» **The problem**
Copy all records precisely, apart from the pictures.
____________
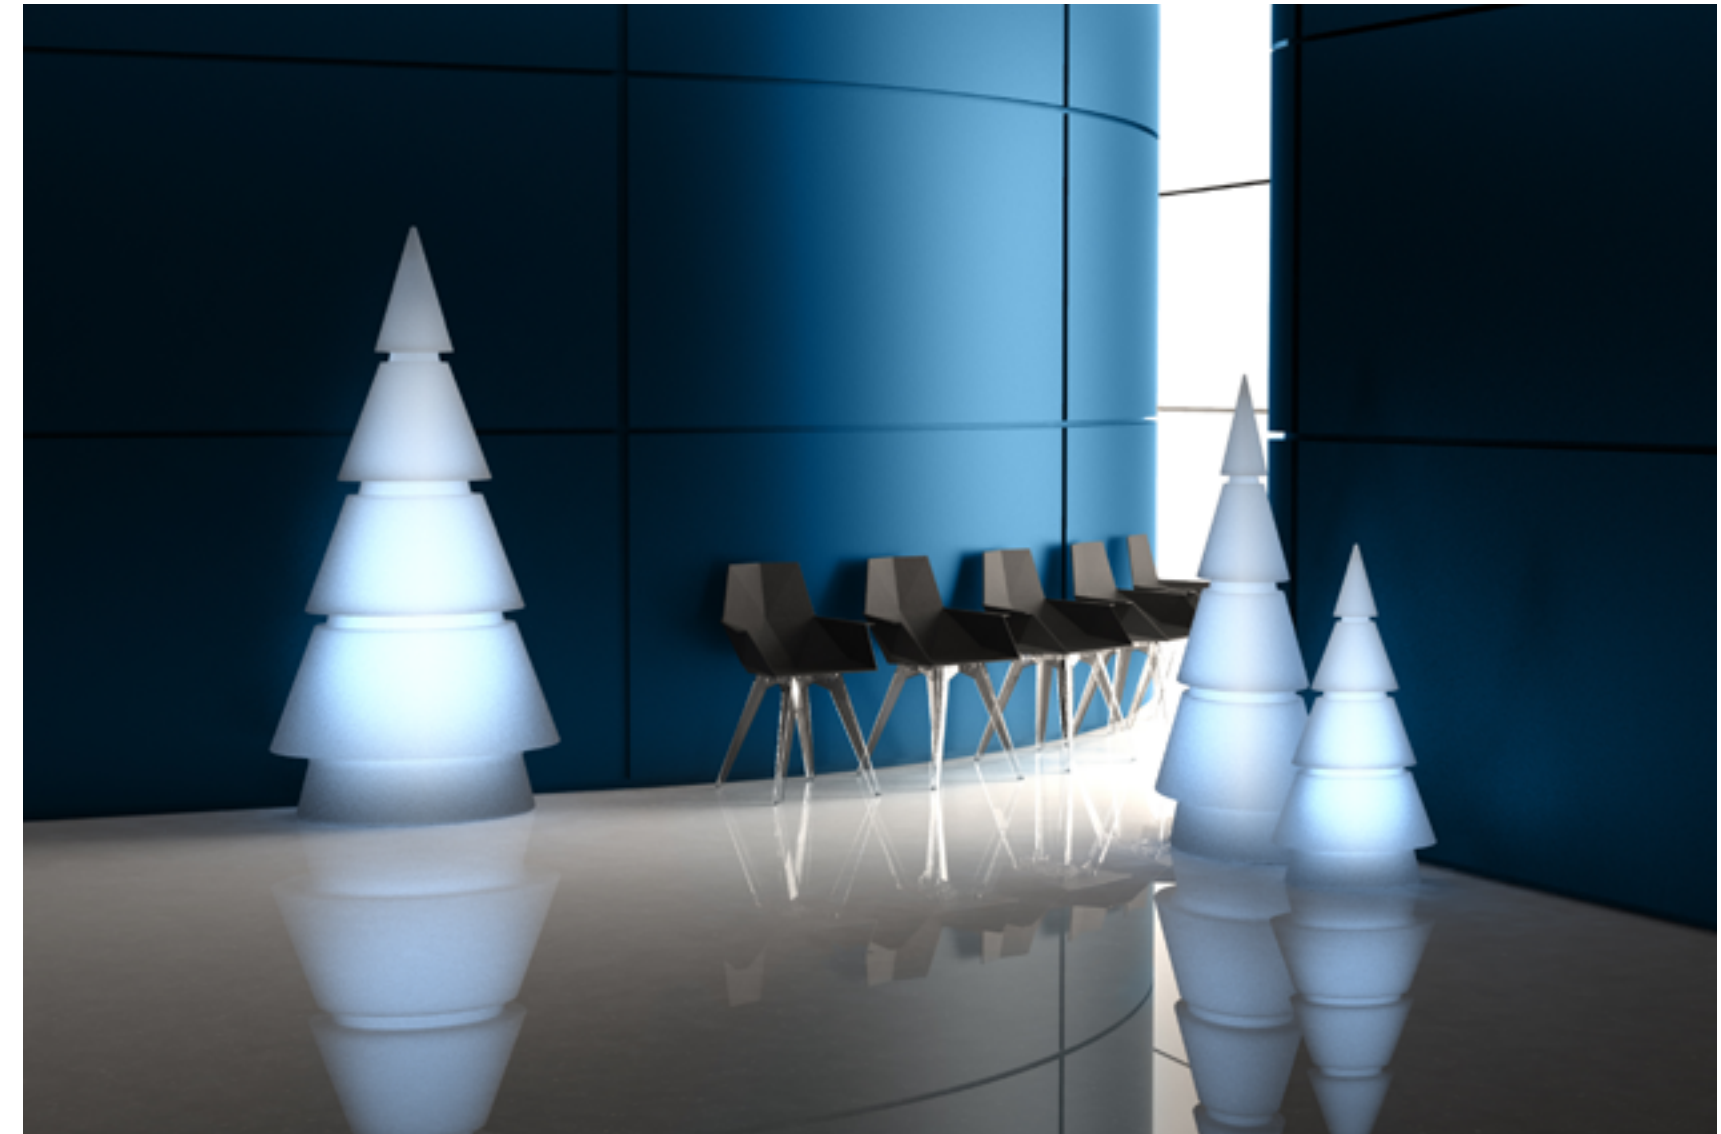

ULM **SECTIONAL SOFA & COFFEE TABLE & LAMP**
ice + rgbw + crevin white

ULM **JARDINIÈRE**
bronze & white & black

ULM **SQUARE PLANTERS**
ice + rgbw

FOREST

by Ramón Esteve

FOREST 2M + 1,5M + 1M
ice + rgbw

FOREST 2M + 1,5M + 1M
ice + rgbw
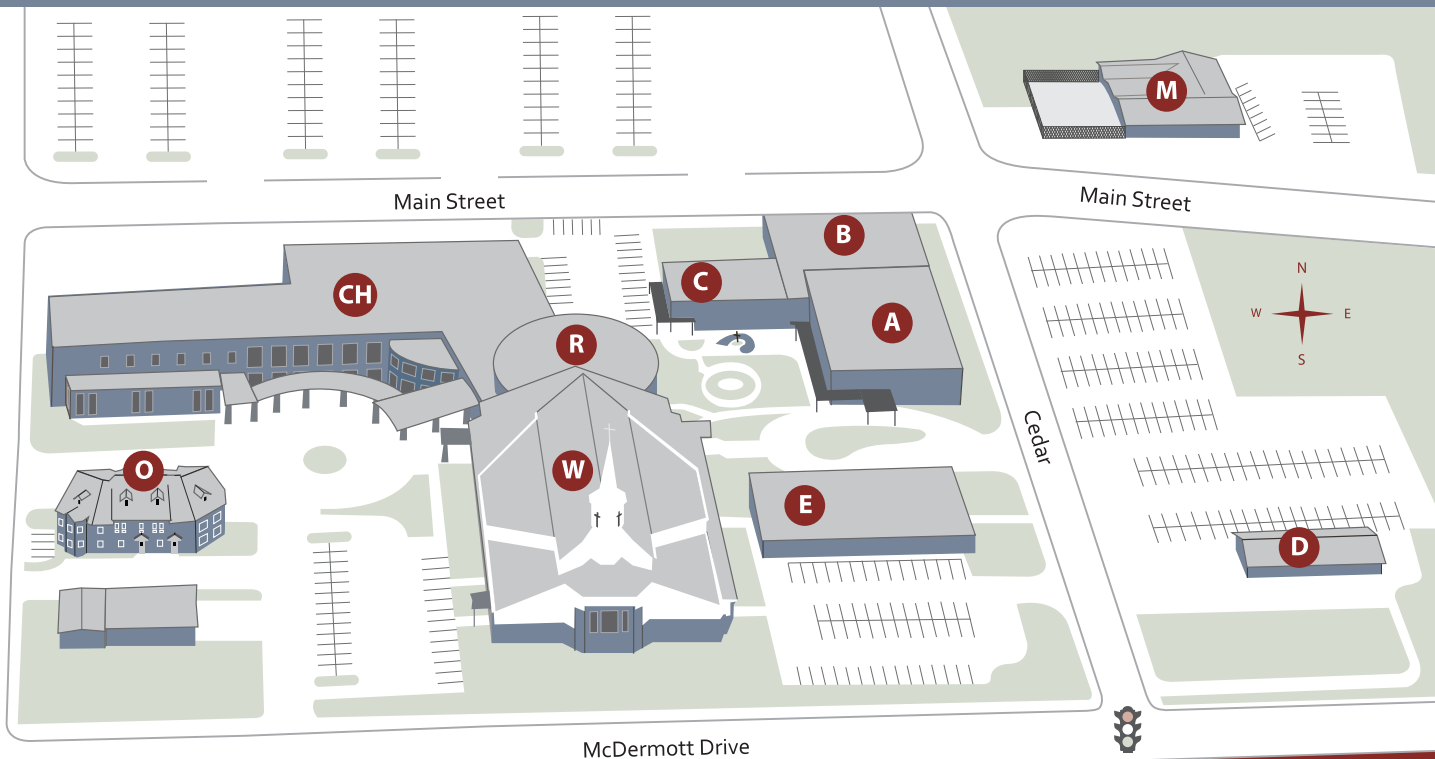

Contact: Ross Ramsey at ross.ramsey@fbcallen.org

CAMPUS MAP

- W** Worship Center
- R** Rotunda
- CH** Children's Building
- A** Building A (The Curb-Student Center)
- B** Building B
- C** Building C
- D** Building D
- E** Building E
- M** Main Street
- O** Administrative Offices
____________
» **Written answer**
ULM **SECTIONAL SOFA & COFFEE TABLE & LAMP**
ice + rgbw + crevin white

ULM **JARDINIÈRE**
bronze & white & black

ULM **SQUARE PLANTERS**
ice + rgbw

FOREST

by Ramón Esteve

FOREST 2M + 1,5M + 1M
ice + rgbw

FOREST 2M + 1,5M + 1M
ice + rgbw

Contact: Ross Ramsey at ross.ramsey@fbcallen.org

CAMPUS MAP

- W** Worship Center
- R** Rotunda
- CH** Children's Building
- A** Building A (The Curb-Student Center)
- B** Building B
- C** Building C
- D** Building D
- E** Building E
- M** Main Street
- O** Administrative Offices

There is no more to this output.